# Thread: Determine the measure of θ

1. ## Determine the measure of θ

The question is for the value of sin -√3/2 determine the measure of θ if π/2 θ ≤ 3π/2.

Does it have something to do with special triangles? If so how do I use it solve the problem? The answer is 4
π/3 but I don't know how to get there.

2. ## Re: Determine the measure of θ

Unit circle ... learn it, live it, love it.

3. ## Re: Determine the measure of θ

Is there another way to answer it like an equation or something? We haven't touched on the unit circle so I dont know how to use that.

4. ## Re: Determine the measure of θ

Start with an equilateral triangle with each side of length 1. The line from any vertex perpendicular to the opposite side divides that triangle into two right triangles. Further, the that line bisects the angle at the vertex and bisects the opposite side. Since all three angles in an equilateral triangle are $\pi/3$ radians (60 degrees) the angle at the bisected vertex is $\pi/6$ (30 degrees).

Further, the length of the side "adjacent" to the $\pi/6$ (30 degrees) angle is $\frac{1}{2}$ and, by the Pythagorean theorem, the side "opposite" the $\pi/3$ (60 degrees) angle is $\sqrt{1- 1/4}= \sqrt{3/4}= \frac{\sqrt{3}}{2}$ while the hypotenuse has length 1.

So $sin(\pi/3)= sin(60)= \frac{\frac{\sqrt{3}}{2}}{1}= \frac{\sqrt{3}}{2}$
$cos(\pi/3)= \cos(60)= \frac{\frac{1}{2}}{1}= \frac{1}{2}$
$tan(\pi/3)= tan(60)= \frac{\frac{\sqrt{3}}{2}}{\frac{1}{2}}= \sqrt{3}$.
secant, cosecant, and cotangent are the reciprocals of those.

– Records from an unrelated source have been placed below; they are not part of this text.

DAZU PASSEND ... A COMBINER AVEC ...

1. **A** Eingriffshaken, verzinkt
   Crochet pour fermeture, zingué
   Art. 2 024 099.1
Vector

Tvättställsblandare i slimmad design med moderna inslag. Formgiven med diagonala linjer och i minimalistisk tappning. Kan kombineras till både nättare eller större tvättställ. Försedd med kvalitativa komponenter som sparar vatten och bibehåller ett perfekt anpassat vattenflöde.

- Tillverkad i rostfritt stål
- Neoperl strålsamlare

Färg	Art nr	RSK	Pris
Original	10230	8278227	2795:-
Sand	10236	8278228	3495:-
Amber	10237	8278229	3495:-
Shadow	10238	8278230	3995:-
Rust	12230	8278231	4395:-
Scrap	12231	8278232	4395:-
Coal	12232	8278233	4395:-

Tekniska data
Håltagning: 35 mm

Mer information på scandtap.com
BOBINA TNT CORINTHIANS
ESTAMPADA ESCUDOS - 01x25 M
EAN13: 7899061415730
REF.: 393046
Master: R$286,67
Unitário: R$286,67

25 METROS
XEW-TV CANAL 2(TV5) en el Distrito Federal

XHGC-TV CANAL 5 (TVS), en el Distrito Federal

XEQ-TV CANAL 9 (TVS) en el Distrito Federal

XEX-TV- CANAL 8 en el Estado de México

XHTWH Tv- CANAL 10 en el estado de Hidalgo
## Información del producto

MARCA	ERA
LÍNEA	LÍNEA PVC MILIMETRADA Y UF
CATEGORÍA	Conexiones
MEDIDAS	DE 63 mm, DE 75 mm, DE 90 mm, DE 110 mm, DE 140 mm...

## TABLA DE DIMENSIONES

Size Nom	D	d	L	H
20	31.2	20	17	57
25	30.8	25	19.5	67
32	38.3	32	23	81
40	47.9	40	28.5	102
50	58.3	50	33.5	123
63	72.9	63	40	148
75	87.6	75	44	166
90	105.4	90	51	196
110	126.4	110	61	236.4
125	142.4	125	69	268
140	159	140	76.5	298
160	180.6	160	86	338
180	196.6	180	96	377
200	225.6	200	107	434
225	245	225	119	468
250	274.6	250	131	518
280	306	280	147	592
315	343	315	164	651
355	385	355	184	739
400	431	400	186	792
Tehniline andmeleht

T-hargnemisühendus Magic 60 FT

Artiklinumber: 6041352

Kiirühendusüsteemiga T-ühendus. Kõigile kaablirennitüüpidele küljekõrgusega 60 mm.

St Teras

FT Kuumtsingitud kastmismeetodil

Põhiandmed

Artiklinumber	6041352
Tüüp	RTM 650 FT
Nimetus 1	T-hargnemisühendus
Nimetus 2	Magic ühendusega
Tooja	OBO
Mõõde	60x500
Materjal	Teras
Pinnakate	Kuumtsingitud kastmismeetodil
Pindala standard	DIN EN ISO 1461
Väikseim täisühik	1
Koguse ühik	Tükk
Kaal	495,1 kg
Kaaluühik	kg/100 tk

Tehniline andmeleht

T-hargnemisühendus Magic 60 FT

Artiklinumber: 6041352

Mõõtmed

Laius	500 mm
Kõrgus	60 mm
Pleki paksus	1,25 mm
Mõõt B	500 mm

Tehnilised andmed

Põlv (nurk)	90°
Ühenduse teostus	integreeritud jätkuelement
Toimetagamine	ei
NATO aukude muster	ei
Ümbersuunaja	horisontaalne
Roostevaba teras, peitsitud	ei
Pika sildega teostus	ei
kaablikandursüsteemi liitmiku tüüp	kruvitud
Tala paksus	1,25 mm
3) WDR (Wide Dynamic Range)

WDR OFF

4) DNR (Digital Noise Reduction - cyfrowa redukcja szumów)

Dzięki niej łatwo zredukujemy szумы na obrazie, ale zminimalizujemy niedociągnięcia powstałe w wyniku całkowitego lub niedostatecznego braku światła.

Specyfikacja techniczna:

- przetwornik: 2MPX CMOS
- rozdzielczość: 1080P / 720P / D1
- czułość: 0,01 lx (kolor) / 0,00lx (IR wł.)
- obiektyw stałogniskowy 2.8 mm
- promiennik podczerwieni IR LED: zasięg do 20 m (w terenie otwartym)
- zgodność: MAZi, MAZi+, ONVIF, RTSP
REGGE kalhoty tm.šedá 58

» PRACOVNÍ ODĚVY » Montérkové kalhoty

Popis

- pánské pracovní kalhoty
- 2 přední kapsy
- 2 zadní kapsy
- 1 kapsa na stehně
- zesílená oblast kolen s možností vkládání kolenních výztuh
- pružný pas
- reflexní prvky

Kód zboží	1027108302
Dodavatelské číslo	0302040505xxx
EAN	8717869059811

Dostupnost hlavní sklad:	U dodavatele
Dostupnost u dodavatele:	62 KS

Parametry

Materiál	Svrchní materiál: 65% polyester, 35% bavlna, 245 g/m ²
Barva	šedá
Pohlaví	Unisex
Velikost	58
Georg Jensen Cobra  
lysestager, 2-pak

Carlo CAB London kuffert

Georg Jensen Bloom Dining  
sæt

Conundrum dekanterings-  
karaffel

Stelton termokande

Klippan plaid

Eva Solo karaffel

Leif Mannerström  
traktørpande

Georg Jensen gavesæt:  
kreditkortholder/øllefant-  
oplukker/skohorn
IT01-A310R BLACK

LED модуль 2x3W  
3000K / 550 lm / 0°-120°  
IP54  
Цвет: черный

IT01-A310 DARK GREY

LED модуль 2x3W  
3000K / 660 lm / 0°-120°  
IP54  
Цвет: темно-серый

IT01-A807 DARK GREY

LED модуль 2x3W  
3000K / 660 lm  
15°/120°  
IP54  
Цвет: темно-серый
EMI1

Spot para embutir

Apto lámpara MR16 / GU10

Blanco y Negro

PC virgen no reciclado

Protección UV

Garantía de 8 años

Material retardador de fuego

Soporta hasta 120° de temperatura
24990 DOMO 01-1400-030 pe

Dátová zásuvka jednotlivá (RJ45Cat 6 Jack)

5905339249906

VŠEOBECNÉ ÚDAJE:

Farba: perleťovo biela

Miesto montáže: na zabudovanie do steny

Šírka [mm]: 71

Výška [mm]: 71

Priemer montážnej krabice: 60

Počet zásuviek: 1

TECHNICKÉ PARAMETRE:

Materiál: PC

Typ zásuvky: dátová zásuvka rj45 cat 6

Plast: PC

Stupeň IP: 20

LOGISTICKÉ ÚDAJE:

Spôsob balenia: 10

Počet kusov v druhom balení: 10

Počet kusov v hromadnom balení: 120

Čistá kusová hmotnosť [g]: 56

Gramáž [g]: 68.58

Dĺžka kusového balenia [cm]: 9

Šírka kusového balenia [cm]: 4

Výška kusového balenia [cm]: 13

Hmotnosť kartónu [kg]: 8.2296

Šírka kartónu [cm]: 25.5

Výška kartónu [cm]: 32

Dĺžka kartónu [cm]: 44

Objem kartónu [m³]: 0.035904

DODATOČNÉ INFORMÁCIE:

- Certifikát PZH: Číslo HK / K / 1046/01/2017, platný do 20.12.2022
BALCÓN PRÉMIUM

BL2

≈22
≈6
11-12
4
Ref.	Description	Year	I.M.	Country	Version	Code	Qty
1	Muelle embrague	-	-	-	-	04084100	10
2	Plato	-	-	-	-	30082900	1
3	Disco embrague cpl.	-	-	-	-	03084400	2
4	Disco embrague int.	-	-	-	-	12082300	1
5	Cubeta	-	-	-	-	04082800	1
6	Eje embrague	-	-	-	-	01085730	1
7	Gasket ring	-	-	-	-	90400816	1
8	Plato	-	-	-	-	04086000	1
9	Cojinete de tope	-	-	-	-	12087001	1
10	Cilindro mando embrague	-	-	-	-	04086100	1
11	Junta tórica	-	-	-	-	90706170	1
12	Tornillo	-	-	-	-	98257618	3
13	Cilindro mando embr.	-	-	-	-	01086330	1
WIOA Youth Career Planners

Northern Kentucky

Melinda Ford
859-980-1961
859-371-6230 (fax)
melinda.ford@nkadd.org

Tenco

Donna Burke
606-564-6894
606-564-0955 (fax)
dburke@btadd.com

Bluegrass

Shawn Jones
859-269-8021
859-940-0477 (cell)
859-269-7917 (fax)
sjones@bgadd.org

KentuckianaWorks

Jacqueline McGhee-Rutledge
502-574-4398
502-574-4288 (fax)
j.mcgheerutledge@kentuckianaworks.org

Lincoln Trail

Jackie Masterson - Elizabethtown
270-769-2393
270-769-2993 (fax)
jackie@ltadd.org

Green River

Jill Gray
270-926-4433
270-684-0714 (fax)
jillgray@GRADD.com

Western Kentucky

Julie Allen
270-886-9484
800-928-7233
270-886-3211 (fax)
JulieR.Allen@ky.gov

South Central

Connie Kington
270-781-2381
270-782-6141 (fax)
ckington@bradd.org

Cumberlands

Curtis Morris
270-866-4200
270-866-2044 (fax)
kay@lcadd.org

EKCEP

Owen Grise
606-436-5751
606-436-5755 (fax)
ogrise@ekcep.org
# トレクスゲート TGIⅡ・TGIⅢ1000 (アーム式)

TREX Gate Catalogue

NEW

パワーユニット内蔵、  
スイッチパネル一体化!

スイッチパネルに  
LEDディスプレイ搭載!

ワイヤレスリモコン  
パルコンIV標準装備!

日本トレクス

And, of course, the complementary angle, $\pi/6$ (30 degrees) has
$cos(\pi/3)= sin(60)= \frac{\frac{\sqrt{3}}{2}}{1}= \frac{\sqrt{3}}{2}$
$sin(\pi/3)= \cos(60)= \frac{\frac{1}{2}}{1}= \frac{1}{2}$
$cot(\pi/3)= tan(60)= \frac{\frac{\sqrt{3}}{2}}{\frac{1}{2}}= \sqrt{3}$.

Another easy angle is $\pi/4$ radians (45 degrees). Since that is half a right angle, an isosceles right triangle with legs of length 1 has both acute angles of measure $\pi/4$ radians (45 degrees) and, by the Pythagorean theorem, hypotenuse of length
$\sqrt{2}$.

So $sin(\pi/4)= sin(45)= cos(\pi/4)= cos(45)= \frac{1}{\sqrt{2}}= \frac{\sqrt{2}}{2}$
$tan(\pi/4)= tan(45)= cot(\pi/4)= cot(45)= \frac{1}{1}= 1$.